** Opening Available data block **
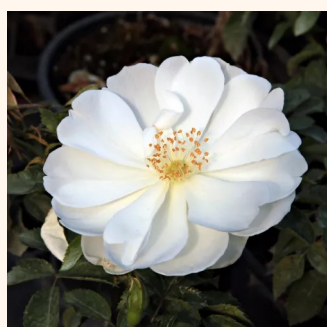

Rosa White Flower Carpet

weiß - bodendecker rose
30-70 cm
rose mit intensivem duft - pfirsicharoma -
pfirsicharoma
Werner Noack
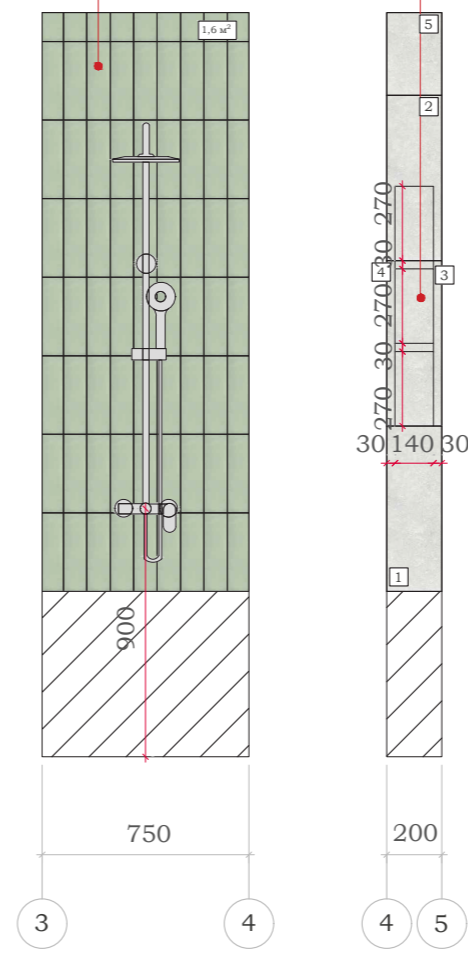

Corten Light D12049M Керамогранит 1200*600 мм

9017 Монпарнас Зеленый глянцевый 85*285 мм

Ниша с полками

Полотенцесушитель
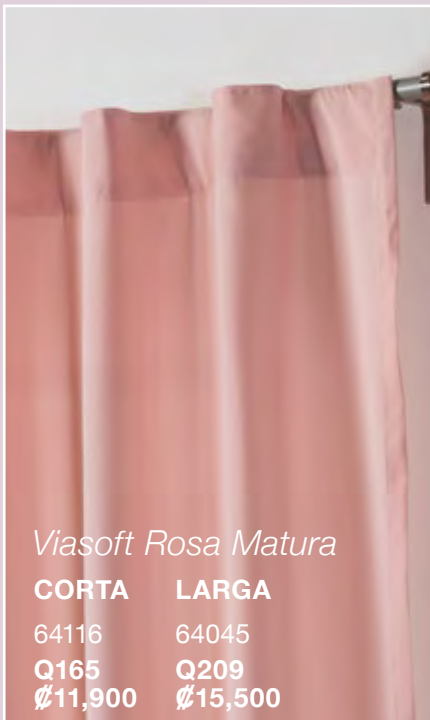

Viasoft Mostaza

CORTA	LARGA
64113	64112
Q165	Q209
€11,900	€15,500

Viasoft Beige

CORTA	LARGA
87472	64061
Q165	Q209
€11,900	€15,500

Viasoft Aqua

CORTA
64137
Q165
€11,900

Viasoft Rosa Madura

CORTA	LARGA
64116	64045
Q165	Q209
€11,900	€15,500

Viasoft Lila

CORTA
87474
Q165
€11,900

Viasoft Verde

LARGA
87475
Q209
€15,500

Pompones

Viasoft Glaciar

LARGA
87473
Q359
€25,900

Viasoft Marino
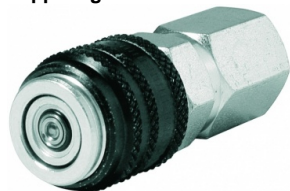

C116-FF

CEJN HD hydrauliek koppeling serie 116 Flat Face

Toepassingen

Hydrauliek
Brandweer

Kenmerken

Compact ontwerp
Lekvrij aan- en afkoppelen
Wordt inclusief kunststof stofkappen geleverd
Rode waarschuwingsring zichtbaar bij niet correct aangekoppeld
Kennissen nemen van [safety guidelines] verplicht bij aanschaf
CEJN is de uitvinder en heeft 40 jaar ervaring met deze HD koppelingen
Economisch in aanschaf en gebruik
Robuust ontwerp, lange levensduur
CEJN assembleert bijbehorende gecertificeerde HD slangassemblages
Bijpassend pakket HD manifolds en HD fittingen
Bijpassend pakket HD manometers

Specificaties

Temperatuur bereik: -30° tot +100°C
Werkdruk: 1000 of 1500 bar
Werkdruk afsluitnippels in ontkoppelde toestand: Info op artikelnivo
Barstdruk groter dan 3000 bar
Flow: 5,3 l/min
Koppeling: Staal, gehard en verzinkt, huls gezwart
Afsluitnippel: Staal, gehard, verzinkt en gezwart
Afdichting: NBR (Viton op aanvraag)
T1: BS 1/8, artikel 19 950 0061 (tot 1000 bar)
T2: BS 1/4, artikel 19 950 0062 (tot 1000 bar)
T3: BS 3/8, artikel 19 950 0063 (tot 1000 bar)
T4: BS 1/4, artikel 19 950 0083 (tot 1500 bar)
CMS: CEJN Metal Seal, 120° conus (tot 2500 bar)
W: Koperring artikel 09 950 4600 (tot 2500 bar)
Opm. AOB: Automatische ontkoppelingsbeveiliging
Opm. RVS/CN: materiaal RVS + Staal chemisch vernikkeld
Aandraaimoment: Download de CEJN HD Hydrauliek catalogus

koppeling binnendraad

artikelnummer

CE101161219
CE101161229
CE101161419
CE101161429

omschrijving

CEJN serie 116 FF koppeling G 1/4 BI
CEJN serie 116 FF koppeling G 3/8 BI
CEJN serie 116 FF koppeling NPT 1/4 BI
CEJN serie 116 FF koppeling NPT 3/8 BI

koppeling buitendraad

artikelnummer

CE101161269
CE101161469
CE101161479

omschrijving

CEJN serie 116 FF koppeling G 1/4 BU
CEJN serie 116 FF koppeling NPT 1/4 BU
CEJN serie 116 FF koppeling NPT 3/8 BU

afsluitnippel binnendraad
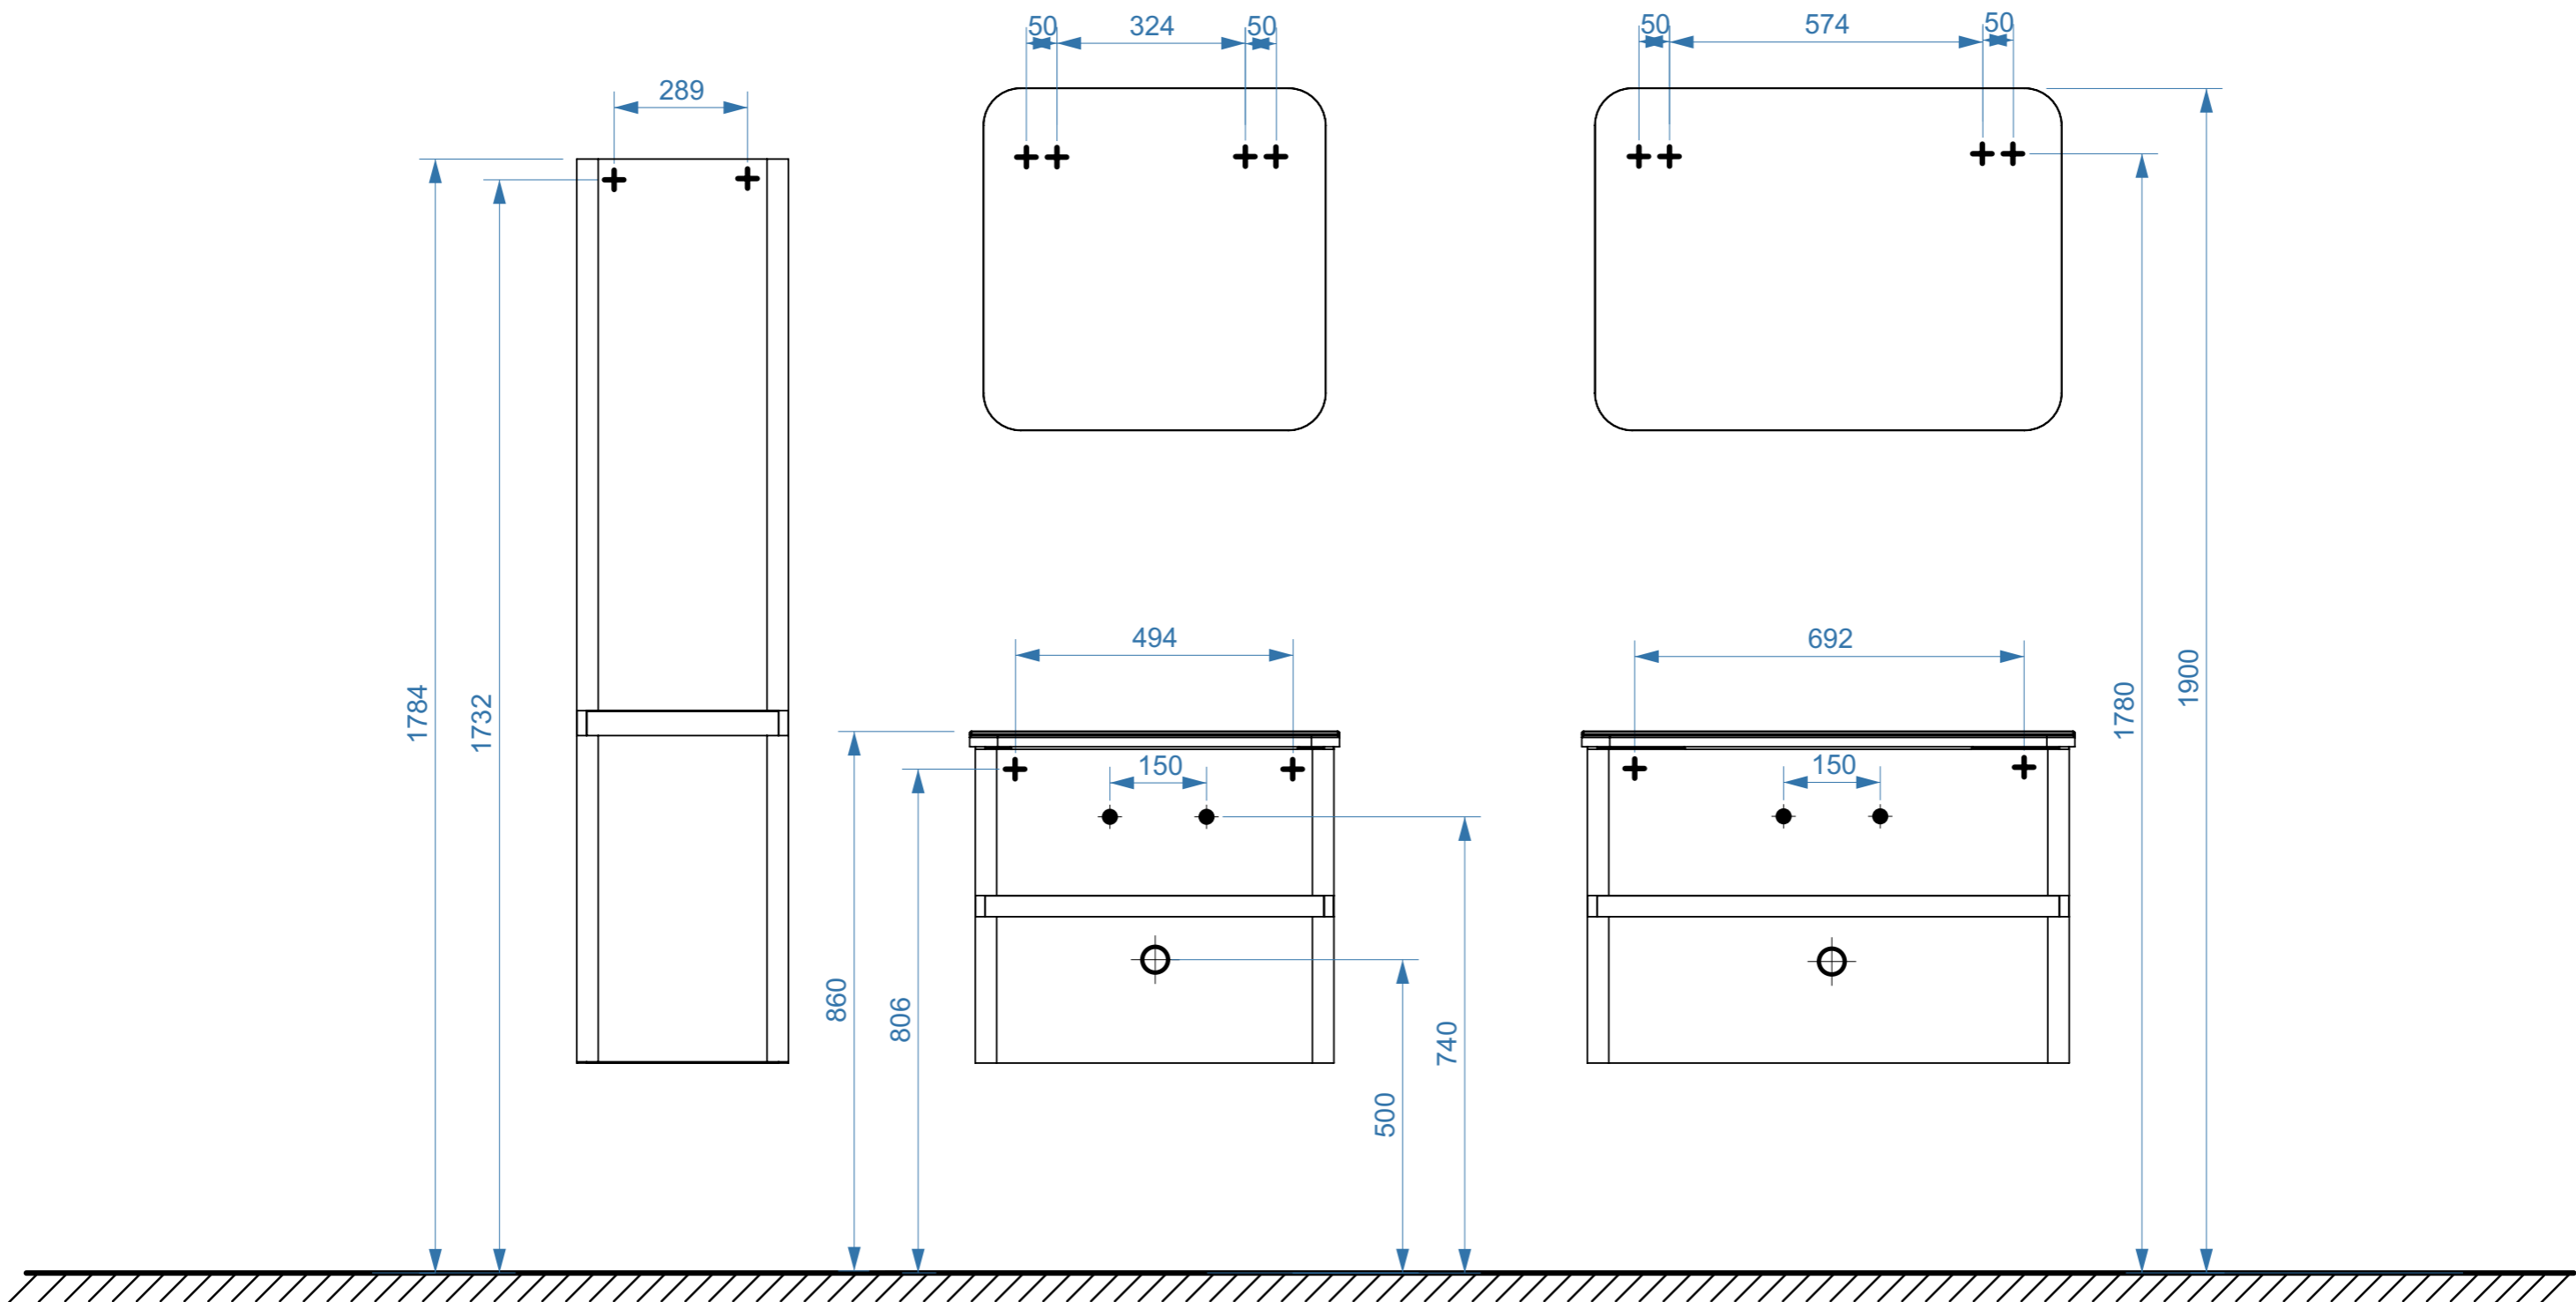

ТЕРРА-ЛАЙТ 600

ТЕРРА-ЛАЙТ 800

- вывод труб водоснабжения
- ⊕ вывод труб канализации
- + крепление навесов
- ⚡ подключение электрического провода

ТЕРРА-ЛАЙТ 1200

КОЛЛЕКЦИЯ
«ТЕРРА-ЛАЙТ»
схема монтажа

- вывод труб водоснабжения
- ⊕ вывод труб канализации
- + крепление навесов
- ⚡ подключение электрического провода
** Closing Available data block **
◆ What the task asks ◆
Check each line of the material for "ЛАЙТ". Copy the ones that have it.

◆ Task result ◆
ТЕРРА-ЛАЙТ 600
ТЕРРА-ЛАЙТ 800
ТЕРРА-ЛАЙТ 1200
«ТЕРРА-ЛАЙТ»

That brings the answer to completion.